*** Begin section ***

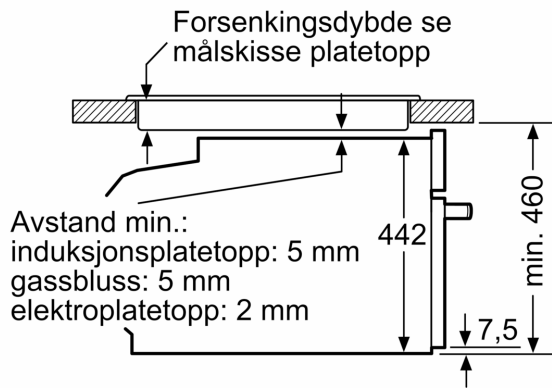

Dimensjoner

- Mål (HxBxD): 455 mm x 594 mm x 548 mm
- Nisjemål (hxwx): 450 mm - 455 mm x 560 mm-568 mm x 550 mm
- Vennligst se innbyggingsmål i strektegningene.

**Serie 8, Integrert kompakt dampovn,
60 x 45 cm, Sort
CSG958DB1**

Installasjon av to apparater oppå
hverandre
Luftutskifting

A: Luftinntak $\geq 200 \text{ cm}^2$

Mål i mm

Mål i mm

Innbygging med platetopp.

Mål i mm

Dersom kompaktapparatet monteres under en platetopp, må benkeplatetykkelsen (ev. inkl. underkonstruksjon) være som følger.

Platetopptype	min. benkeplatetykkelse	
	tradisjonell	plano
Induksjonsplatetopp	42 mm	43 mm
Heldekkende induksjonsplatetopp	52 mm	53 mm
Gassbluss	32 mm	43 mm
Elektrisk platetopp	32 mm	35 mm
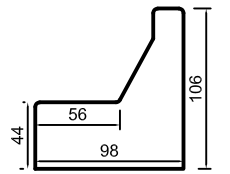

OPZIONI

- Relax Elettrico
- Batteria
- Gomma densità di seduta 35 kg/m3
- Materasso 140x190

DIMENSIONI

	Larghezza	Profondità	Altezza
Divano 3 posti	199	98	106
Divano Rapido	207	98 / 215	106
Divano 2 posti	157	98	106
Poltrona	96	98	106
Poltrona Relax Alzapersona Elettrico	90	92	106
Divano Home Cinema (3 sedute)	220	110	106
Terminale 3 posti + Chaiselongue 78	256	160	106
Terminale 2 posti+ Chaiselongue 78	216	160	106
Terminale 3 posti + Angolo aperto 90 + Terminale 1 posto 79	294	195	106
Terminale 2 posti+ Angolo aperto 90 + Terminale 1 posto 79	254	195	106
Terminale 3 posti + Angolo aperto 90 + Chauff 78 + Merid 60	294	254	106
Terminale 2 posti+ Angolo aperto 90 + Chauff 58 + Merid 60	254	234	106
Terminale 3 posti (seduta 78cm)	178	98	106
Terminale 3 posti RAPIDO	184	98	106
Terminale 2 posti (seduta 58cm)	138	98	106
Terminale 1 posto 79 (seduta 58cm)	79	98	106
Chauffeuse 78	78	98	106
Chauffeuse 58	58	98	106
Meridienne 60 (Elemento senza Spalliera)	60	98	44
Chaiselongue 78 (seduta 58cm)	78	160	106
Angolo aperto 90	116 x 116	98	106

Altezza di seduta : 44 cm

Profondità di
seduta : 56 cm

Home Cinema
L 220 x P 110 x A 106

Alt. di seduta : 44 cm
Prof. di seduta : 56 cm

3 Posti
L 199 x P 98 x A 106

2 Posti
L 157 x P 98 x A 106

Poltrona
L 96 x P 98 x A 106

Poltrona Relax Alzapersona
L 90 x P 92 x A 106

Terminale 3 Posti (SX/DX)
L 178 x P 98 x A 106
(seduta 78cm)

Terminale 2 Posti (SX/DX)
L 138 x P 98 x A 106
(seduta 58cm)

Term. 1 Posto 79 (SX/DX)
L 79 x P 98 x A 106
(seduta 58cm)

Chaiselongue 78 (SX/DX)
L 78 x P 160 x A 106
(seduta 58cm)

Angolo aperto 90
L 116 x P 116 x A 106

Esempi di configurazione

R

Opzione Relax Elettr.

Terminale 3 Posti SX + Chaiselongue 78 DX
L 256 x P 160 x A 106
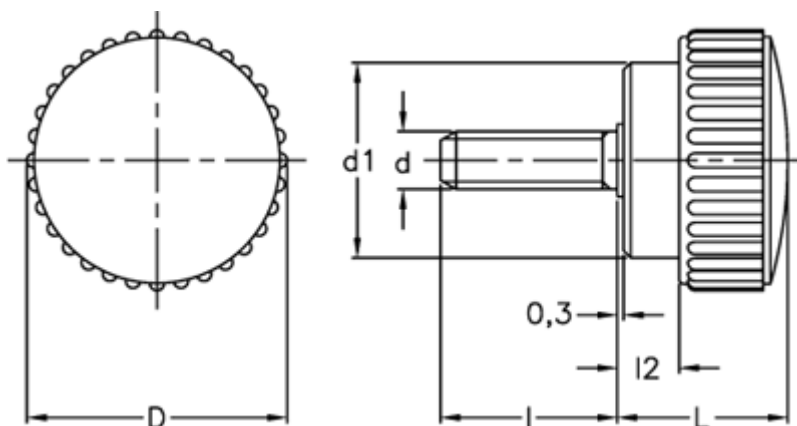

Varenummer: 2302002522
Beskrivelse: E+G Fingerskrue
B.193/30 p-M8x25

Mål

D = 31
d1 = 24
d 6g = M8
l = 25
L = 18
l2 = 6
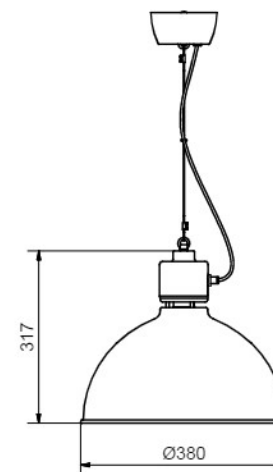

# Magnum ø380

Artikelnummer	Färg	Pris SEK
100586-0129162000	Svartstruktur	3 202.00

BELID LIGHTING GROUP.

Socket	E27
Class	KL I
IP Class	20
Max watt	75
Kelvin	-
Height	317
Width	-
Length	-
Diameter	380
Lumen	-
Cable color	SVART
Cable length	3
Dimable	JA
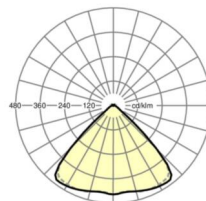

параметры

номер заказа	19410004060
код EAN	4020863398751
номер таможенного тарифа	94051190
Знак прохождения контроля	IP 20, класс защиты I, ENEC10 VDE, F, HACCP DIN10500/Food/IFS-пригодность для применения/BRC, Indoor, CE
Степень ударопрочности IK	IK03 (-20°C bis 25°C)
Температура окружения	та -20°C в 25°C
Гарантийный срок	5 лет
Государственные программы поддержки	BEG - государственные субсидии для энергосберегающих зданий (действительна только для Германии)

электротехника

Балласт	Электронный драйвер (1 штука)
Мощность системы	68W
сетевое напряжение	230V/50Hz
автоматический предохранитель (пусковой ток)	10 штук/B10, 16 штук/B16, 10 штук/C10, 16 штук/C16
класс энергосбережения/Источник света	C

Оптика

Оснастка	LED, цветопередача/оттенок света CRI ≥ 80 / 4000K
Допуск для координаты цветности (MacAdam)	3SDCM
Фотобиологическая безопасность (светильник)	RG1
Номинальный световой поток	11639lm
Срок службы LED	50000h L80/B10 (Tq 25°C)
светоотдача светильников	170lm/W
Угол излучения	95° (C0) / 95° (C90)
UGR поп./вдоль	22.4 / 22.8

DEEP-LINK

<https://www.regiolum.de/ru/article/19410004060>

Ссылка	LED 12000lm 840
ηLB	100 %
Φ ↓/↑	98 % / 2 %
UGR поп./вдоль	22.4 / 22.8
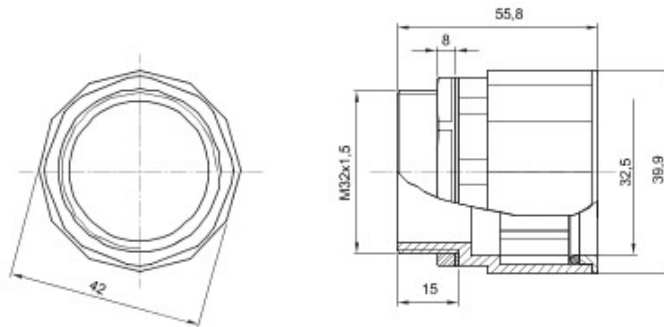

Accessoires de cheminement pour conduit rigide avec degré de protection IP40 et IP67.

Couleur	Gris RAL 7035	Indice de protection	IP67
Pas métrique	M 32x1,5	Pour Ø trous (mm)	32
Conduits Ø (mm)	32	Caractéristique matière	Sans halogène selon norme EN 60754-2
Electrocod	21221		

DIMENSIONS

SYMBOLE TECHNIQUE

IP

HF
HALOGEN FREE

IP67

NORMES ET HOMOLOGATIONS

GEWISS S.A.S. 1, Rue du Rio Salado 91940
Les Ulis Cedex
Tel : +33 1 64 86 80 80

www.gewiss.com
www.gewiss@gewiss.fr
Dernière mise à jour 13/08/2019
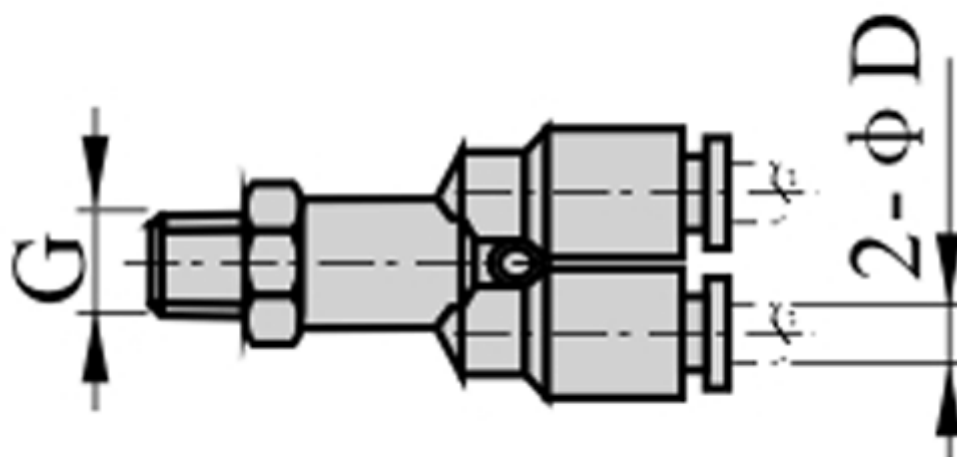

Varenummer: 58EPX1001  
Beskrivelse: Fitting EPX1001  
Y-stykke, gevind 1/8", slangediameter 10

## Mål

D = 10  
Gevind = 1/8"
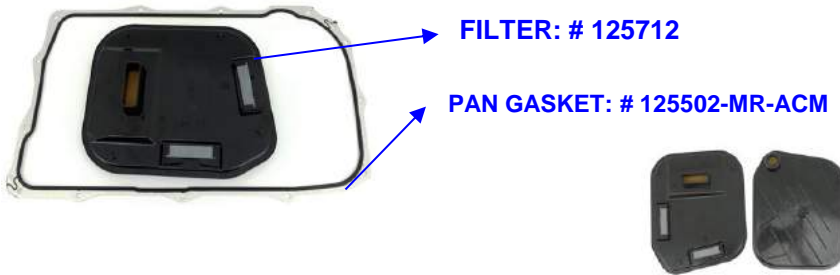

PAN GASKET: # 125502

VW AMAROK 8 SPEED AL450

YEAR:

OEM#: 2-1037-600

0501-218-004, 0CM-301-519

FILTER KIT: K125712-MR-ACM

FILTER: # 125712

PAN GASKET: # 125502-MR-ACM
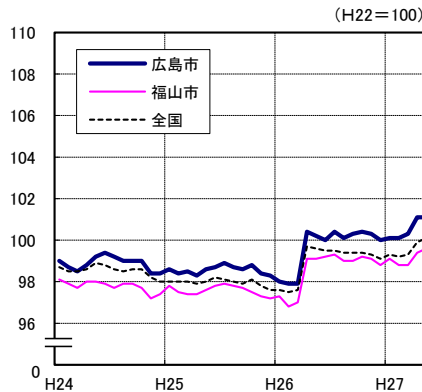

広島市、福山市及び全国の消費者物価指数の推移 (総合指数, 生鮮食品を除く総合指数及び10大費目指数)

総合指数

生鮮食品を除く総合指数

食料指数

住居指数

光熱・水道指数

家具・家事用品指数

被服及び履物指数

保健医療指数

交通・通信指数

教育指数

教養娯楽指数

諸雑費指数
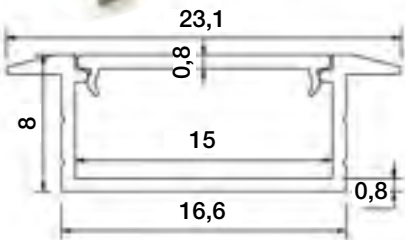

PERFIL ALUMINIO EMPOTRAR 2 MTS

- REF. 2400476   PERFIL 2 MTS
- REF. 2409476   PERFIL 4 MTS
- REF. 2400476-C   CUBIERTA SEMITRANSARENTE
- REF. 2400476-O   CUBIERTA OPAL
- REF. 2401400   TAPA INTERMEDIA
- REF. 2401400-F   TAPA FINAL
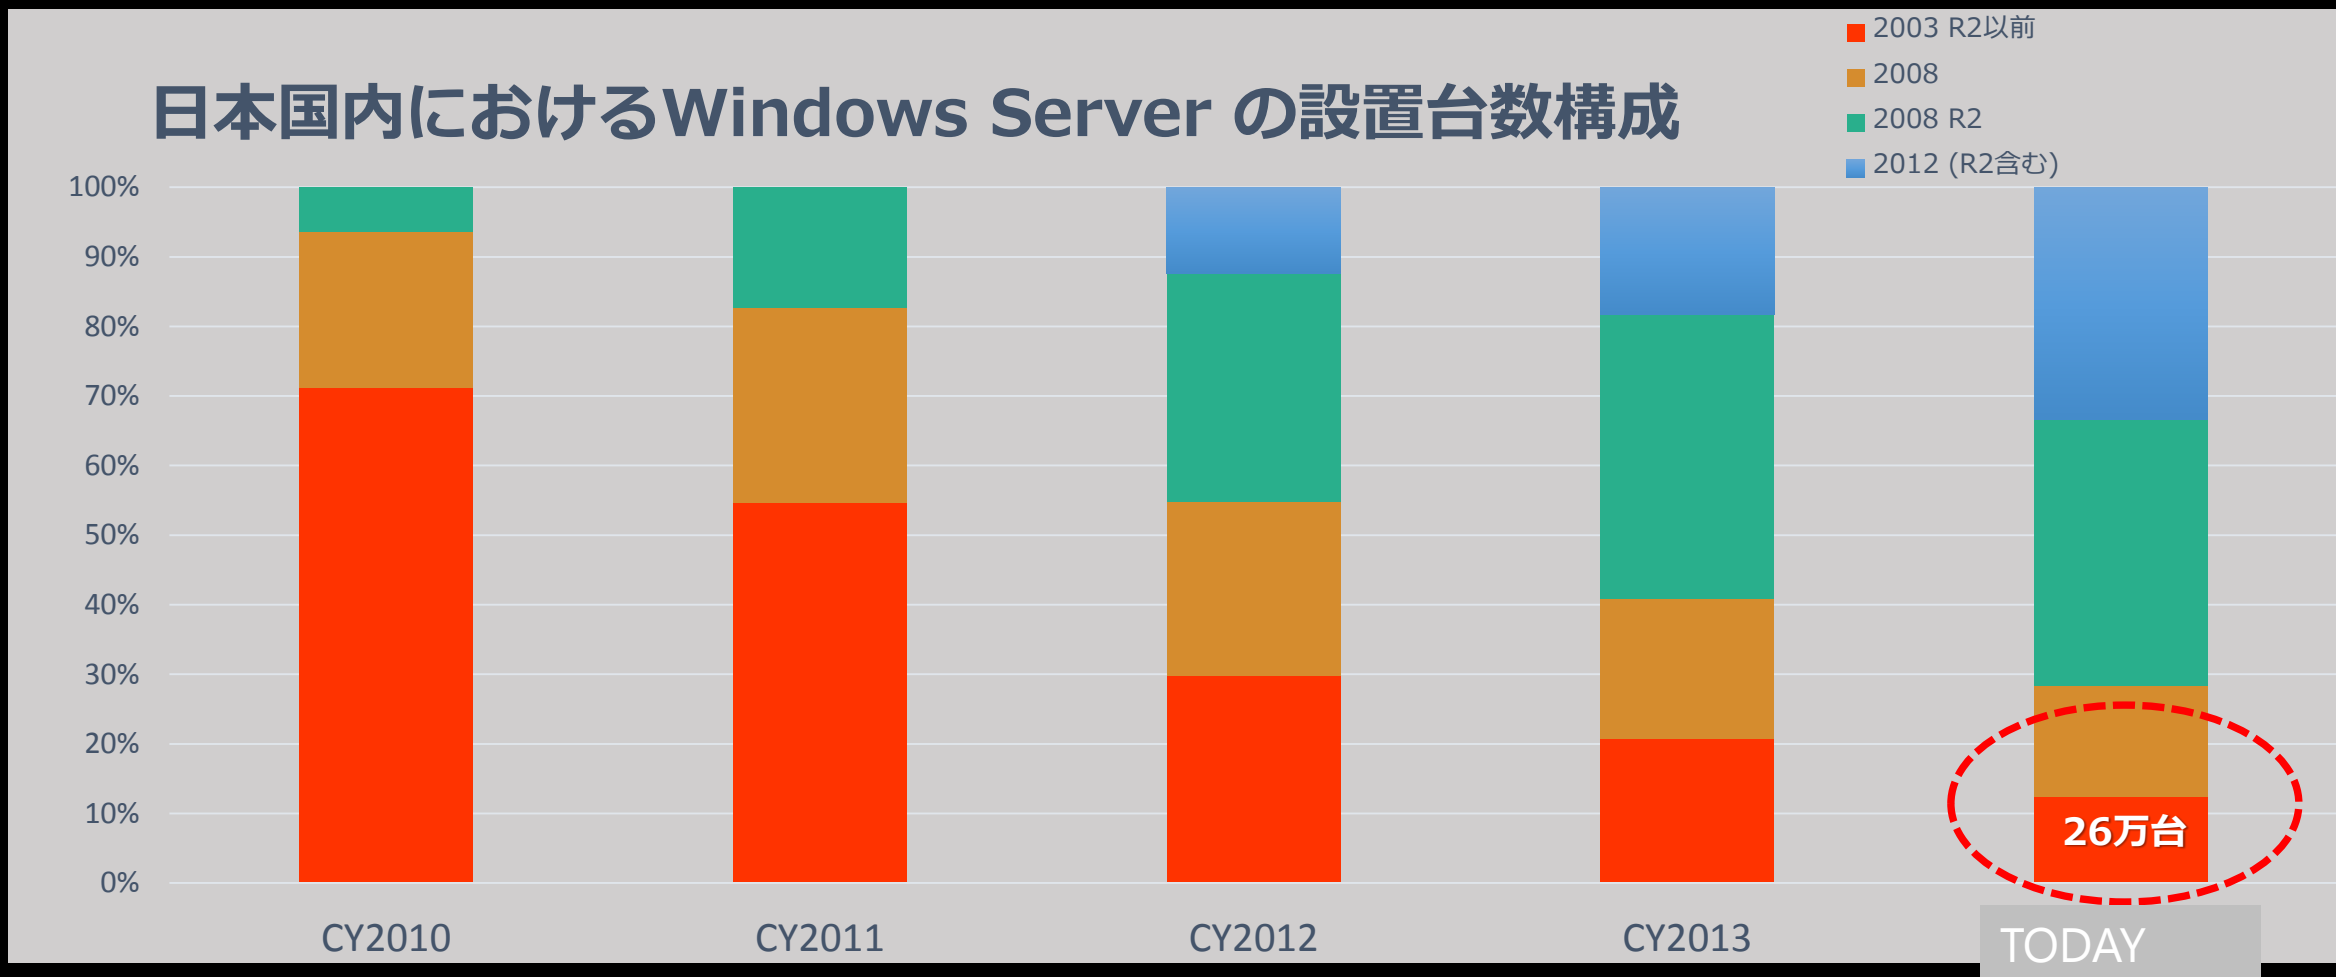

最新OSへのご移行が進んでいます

*** End section ***

TASK DESCRIPTION
Extract each line from the listing that holds the word "Poltrona".

RESPONSE TO THIS EXERCISE
Poltrona	96	98	106
Poltrona Relax Alzapersona Elettrico	90	92	106
Poltrona
Poltrona Relax Alzapersona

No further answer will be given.